In order to further implement the above technical solution, in S1, the specific content of obtaining the on-resistances of the SiC MOSFET and the IGBT according to the driving voltages of the SiC MOSFET and the IGBT in the hybrid device includes:

the turn-on loss of a hybrid device is related to the load current and equivalent resistance that the internal device flows through. Wherein, the on-resistance of the SiC MOSFET And on-resistance of IGBTThe positive correlation with the driving voltage and the positive correlation with the junction temperature are linear, and the positive correlation is specifically shown as the following formula:

(1)

(2)

Wherein, Is the on-resistance of the IGBT,AndThe junction temperature, the on-resistance temperature influence factor, the reference driving voltage, the reference on-resistance and the driving voltage correction factor of the SiC MOSFET are respectively obtained,AndThe drive voltage correction factor is the junction temperature, the on-resistance temperature influence factor, the reference drive voltage, the reference on-resistance of the IGBT respectively.
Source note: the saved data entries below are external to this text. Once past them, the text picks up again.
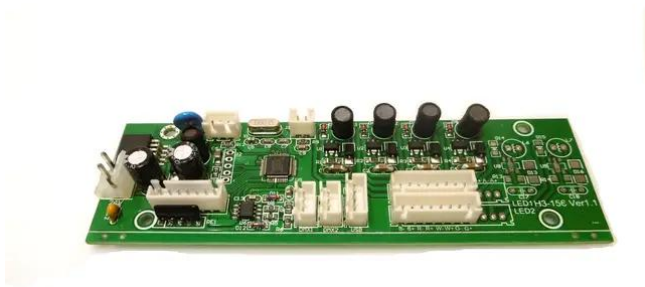

## Platine (Steuerung) BAR-6 QCL RGBUV (LED1H3-156 Ver1.0)

**Art.-Nr.: E6510087**  
GTIN: 4026397647907

---

## Platine (Steuerung) BAR-6 QCL RGBUV (LED1H3-156 Ver1.0)

**Art.-Nr.: E6510087**  
GTIN: 4026397647907

**Features:**

---

In order to further implement the above technical scheme, the on-resistance of the S1 through the SiC MOSFETObtaining inflection point currentAccording to the load currentAnd (3) withThe specific content of establishing the conduction loss model respectively comprises the following steps:

when the load current of the Si/SiC mixed device is smaller, the conduction voltage drop of the Si/SiC mixed device is smaller than the starting voltage of the IGBT, the IGBT is not conducted, and all the load current only flows through the SiC MOSFET. When the load current is larger than the inflection point current, the load current is shared by the SiC MOSFET and the IGBT; thus, the conduction loss model of the Si/SiC hybrid device is expressed as:

(3)

(4)

(5)

(6)

Wherein, Is the turn-on voltage of the IGBT,To provide a sub-load current through the SiC MOSFET,In order for the part-load current to flow through the IGBT,In order to achieve the on-loss of the hybrid device,Is the driving voltage of the SiC MOSFET,Is the driving voltage of the IGBT and,Is the on-resistance of the IGBT.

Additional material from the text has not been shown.